TASK STATEMENT
Where in the listing does the word "Plastic" appear? Report each line that holds it.

EXERCISE DATA
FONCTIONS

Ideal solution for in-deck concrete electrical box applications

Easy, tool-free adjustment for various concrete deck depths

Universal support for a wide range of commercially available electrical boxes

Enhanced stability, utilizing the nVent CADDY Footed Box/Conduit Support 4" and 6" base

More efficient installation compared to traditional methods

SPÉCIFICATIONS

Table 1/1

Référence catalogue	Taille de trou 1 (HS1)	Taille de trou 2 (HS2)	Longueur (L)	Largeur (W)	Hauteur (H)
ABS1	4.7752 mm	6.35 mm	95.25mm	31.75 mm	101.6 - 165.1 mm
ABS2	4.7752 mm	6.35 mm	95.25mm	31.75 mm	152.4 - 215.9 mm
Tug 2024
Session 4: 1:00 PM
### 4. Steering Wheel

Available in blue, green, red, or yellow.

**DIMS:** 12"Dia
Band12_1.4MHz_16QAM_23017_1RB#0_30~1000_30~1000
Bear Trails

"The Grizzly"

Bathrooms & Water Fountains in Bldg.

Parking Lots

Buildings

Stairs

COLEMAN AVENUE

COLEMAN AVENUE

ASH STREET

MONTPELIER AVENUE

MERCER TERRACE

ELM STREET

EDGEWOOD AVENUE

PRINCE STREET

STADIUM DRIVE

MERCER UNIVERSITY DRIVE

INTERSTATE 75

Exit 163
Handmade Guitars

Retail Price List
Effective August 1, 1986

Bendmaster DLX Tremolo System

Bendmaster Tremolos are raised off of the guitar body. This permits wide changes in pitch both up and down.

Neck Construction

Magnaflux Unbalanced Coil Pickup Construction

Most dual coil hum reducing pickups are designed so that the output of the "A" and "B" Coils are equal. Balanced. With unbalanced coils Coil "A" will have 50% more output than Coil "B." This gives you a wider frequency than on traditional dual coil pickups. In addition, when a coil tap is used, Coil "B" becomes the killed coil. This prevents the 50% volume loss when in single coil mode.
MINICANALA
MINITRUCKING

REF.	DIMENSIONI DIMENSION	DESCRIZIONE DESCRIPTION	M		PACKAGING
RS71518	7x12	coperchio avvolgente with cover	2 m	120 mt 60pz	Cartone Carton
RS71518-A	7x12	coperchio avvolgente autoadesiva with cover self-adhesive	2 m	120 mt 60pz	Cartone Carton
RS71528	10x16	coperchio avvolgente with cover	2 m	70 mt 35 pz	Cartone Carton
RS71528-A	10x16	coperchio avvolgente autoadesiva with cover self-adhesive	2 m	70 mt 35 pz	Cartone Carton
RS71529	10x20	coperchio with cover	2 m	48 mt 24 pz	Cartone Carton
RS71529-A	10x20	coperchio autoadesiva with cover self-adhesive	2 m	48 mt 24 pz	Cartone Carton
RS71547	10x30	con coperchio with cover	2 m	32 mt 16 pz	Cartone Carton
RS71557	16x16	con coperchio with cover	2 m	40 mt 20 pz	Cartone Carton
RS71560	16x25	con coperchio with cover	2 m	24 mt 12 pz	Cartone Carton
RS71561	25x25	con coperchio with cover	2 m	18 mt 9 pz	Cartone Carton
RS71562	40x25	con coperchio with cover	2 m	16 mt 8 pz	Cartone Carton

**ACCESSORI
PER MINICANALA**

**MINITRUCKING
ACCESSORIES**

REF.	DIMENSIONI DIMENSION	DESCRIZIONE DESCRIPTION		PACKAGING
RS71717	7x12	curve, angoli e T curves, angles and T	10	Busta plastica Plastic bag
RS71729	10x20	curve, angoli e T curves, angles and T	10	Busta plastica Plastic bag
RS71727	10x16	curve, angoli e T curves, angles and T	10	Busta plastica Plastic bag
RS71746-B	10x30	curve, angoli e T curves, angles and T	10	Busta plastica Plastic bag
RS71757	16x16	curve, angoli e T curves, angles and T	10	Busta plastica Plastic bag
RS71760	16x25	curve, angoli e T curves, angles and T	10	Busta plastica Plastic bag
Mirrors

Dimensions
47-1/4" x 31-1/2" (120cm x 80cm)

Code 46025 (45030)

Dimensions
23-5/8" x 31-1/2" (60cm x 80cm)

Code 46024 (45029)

ANSWER TO THE PROBLEM
RS71717	7x12	curve, angoli e T curves, angles and T	10	Busta plastica Plastic bag
RS71729	10x20	curve, angoli e T curves, angles and T	10	Busta plastica Plastic bag
RS71727	10x16	curve, angoli e T curves, angles and T	10	Busta plastica Plastic bag
RS71746-B	10x30	curve, angoli e T curves, angles and T	10	Busta plastica Plastic bag
RS71757	16x16	curve, angoli e T curves, angles and T	10	Busta plastica Plastic bag
RS71760	16x25	curve, angoli e T curves, angles and T	10	Busta plastica Plastic bag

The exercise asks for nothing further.